Slovenian Catholic theologian (1923–2005)

Vekoslav Grmič (4 June 1923 – 21 March 2005) was a Slovenian Catholic bishop and theologian, known for his sympathy towards socialist ideas.

==Biography==
He was born in the Lower Styrian village of Sveti Jurij ob Ščavnici in what was then the Kingdom of Serbs, Croats and Slovenes. He studied at a Catholic seminary in Maribor. Already as a young man, he became influenced by the social thought of Janez Evangelist Krek, Edvard Kocbek and the German philosopher Romano Guardini. After the invasion of Yugoslavia and the Nazi occupation of northern Slovenia in April 1941, Grmič started collaborating with the Communist-led Liberation Front of the Slovenian People.

In 1950, he was ordained priest and between 1952 and 1958 he worked as a parish priest of Vransko. In 1961, he graduated from the Theological Faculty in Ljubljana with a thesis on the theological elements in the existentialist concept of angst. From 1962 until his retirement in 1991, he taught dogmatic theology at the same faculty.

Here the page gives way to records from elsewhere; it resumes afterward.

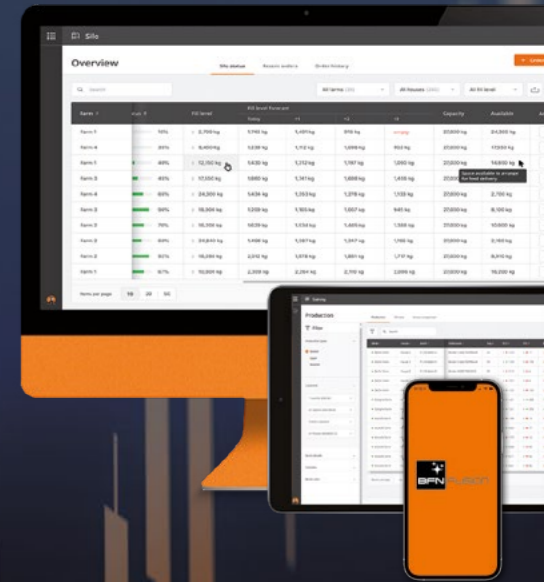

- ✦ **Pełna kontrola i maksymalne bezpieczeństwo**
  BFN Fusion umożliwia Państwu przeglądanie i analizę danych dotyczących całego łańcucha wartości w dowolnym miejscu i w każdej chwili. Uzyskują Państwo dostęp do znormalizowanych i porównywalnych danych ze wszystkich obszarów produkcji i lokalizacji.
- ✦ **Obniżenie kosztów, zwiększenie wydajności, osiągnięcie przewidywalnych sukcesów**
  Przetworzone dane dostarczają Państwu obiektywnych podstaw do podejmowania decyzji, mających na celu sterowanie i optymalizację Państwa produkcji. Można je również wykorzystywać do automatyzacji procesów (np. zamawianie paszy przy określonym poziomie napelnienia silosu). Widoczne stają się istotne korelacje i dynamika, można uniknąć błędów i przewidywalnie powtarzać optymalne warunki produkcyjne.
- ✦ **Eliminacja ludzkich błędów, zmniejszenie kosztów osobowych**
  Gdy decyzje będą podejmowane na podstawie danych, czynnik błędu ludzkiego straci na znaczeniu. Państwa pracownicy będą mogli działać (reagować) szybciej i pewniej. Ponadto dane zapewniają przejrzyste i szybkie śledzenie wszystkich etapów pracy. Dzięki zautomatyzowanym procesom zmniejsza się liczba wizyt w zakładach produkcyjnych, co pozwala na obniżenie kosztów osobowych.
- ✦ **Zmniejszenie ryzyka produkcyjnego**
  Jako producent ponoszą Państwo pełną odpowiedzialność za wszystkie ogniwa łańcucha wartości. **BFN Fusion** w prosty sposób umożliwia prowadzenie pełnej dokumentacji produkcji, co umożliwia Państwu wgląd i kontrolę nad wszystkimi działaniami i pozwala na zmniejszenie ryzyka produkcyjnego.
- ✦ **Kompletna i bezpieczna dokumentacja**
  Nadal zwiększają się wymagania dotyczące społecznej odpowiedzialności biznesu, a pełna dokumentacja procesów i metod produkcji może być bardzo kosztowna. Nasza platforma gwarantuje kompletną dokumentację zarówno w zakresie ekologii, dobrostanu zwierząt jak i wpływu na środowisko i jest znacznie łatwiejsza do realizacji.
- ✦ **Minimalizowanie chorób i strat**
  Dla zapobiegania chorobom oraz możliwości szybkiego i skutecznego reagowania w przypadku ich rozprzestrzeniania się, niezbędne jest ciągłe monitorowanie. Również w tym przypadku **BFN Fusion** zapewni bezprecedensowe wsparcie. Automatyzacja oparta na danych wymaga mniejszej ilości personelu w budynkach inwentarskich, zmniejsza ryzyko chorób i strat.
- ✦ **Zachowanie elastyczności i zdolności do działania**
  Ponieważ wymagania stawiane gospodarstwom rolnym podlegają ciągłym zmianom, muszą być one elastyczne. **BFN Fusion** oferuje maksymalną elastyczność w zakresie dostosowywania ogniw łańcucha wartości lub włączania nowych partnerów i dostawców do procesu produkcji.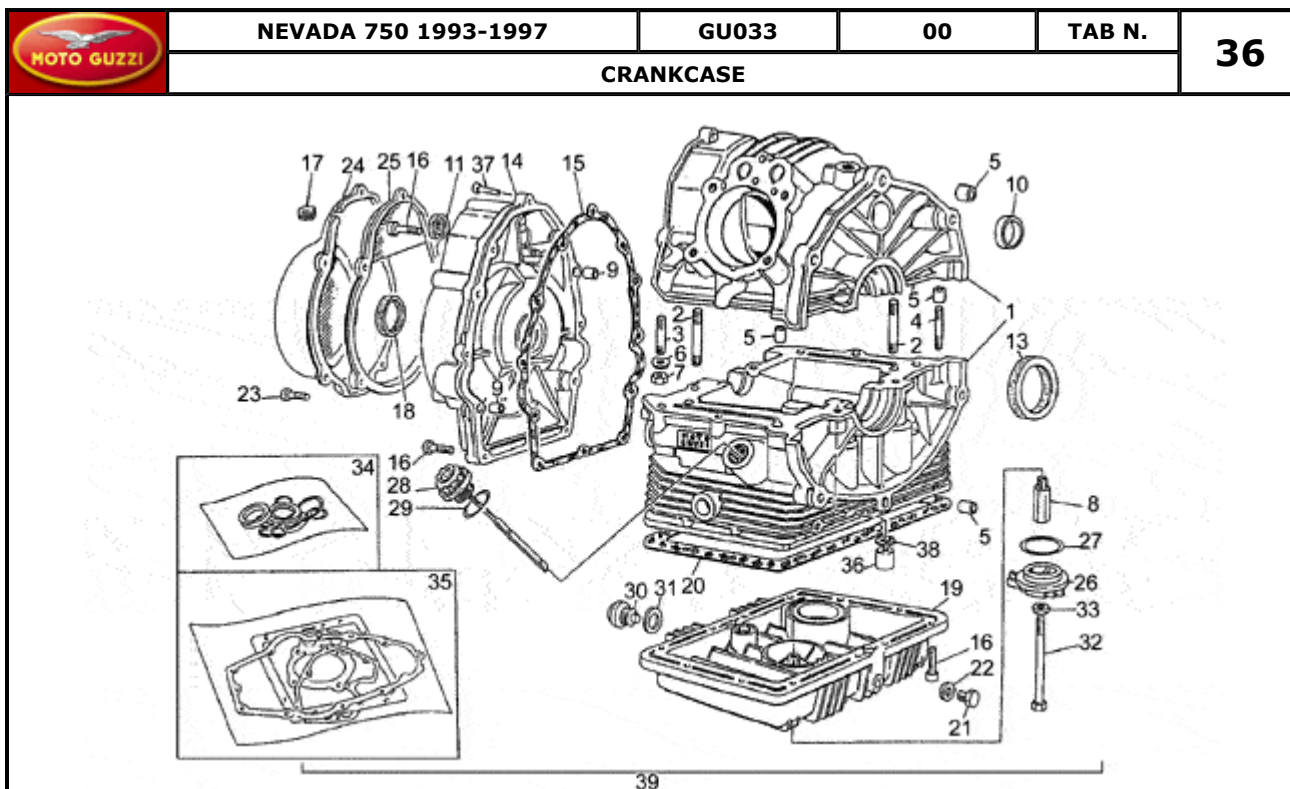

Pos.	Description	Year	I_M	Country	Version	Code	Q.ty	P.Cod.
1	Crankcase, grey	-	-	-	30295C	-	GU20000320	1
2	Stud bolt	-	-	-	-	-	GU96451560	4
3	Stud bolt	-	-	-	-	-	GU96451430	4
4	Stud bolt	-	-	-	-	-	GU96508055	2
5	Bush	-	-	-	-	-	GU19015020	4
6	Spring washer 8x15x0,3	-	-	-	-	-	GU61270300	6
7	Nut M8X1,25	-	-	-	-	-	GU92602208	6
8	Union	-	-	-	-	-	GU19003800	1
9	Bush 6,6x9x13	-	-	-	-	-	GU19002020	2
10	Plug	-	-	-	-	-	GU19016320	1
11	Gasket ring	-	-	-	-	-	GU90401530	1
13	Gasket ring	-	-	-	M3	-	GU90405367	1
	Gasket ring	-	-	-	M4	-	GU04000500	1
14	Cover grey	-	-	-	30295C	-	GU31001480	1
15	Gasket	-	-	-	-	-	GU19001200	1
16	Screw	-	-	-	-	-	GU98620325	22
17	Rubber spacer	-	-	-	-	-	GU19007700	1
18	Gasket ring 28x38x7	-	-	-	-	-	GU90402840	1
19	Engine oil sump, blank	-	-	-	-	gr	GU27003585	1
	Oil sump grey	-	-	-	30295C	-	GU20003510	1
20	Gasket	-	-	-	-	-	GU19003602	1
21	Oil unload plug M10X1	-	-	-	-	-	GU31003766	1
22	Gasket	-	-	-	-	-	GU10528900	1
23	Hex socket screw M6X18	-	-	-	-	-	GU98622318	5
24	Cover	-	-	-	-	-	GU27001636	1
25	Flange	-	-	-	-	-	GU27001136	1
26	Cover, grey	-	-	-	30295C	-	GU20003410	1
27	O-ring	-	-	-	-	-	GU90706444	1
28	Oil load plug	-	-	-	-	-	GU27004985	1
29	Gasket ring	-	-	-	-	-	GU90706282	1
30	Oil unload plug	-	-	-	-	-	GU12003702	1
31	Gasket 20,1x28x2	-	-	-	-	-	GU95100709	1
32	Bolt	-	-	-	-	-	GU27152885	1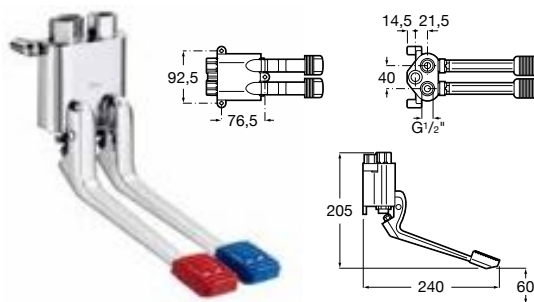

Mezclador de pedal

Instalación pared
Ref. A505128700
204,00 €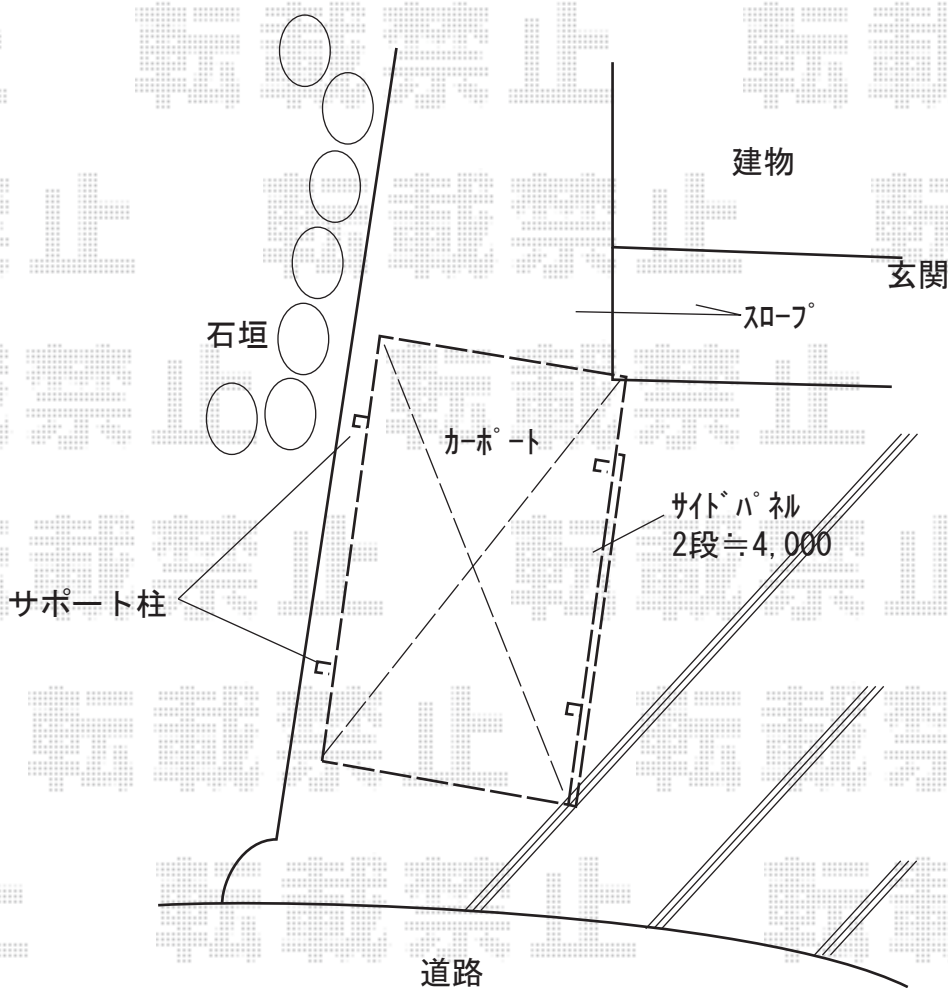

カーポート 施工概略図

YKK AP レイナポートグラン 積雪~20cm対応

幅= 3,000mm

奥行= 5,052mm

色： カームブラック

屋根材： 熱線遮断ポリカーボネート（アースブルーマット調）

柱仕様： ハイルフ柱仕様（有効高 約2,350mm）

YKK AP レイナポートグラン サイドパネル

奥行サイズ： 長さ51用

高さ： 2段 \*H=1,673mm

色： カームブラック

パネル材： 熱線遮断ポリカーボネート（アースブルーマット調）

柱仕様： ハイルフ用/間柱1本

追加オプション： 着脱式サポート 2本入×1セット

2019-8-638410

担当者

In 1968, he was appointed auxiliary bishop of Maribor by Pope Paul VI. In 1980, he was removed from office by Pope John Paul II, although he nominally maintained the title of bishop and continued to teach at the Theological Faculty in Ljubljana.

Grmič was a strong supporter of liberation theology and of the political-religious thought of the Swiss reformist theologian Hans Küng. Together with the fellow Slovene Catholic theologian Janez Janžekovič, he became one of the supporters of a closer collaboration between Catholics and Marxists in Yugoslavia. During his lifetime, Grmič published more than forty books and several translation from German.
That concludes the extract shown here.